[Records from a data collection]
=======

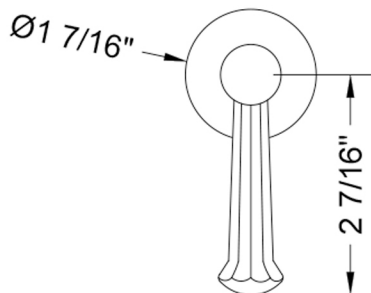

Toilet Tank Trip Lever to Fit Kohler Model #: 9131-

FEATURES:

- Replacement for Kohler K-9131 and K-3324
- Brass arm, spud and handle
- Fits Kohler Model: Kathryn
- Not available in ULB

AVAILABLE FINISHES:

SPECIFICATION DRAWING:

FRONT VIEW

SIDE VIEW

=======

■ Work task
Restate each line of the records exactly; pictures do not belong in the copy.

■ Task response
Toilet Tank Trip Lever to Fit Kohler Model #: 9131-

FEATURES:

- Replacement for Kohler K-9131 and K-3324
- Brass arm, spud and handle
- Fits Kohler Model: Kathryn
- Not available in ULB

AVAILABLE FINISHES:

SPECIFICATION DRAWING:

FRONT VIEW

SIDE VIEW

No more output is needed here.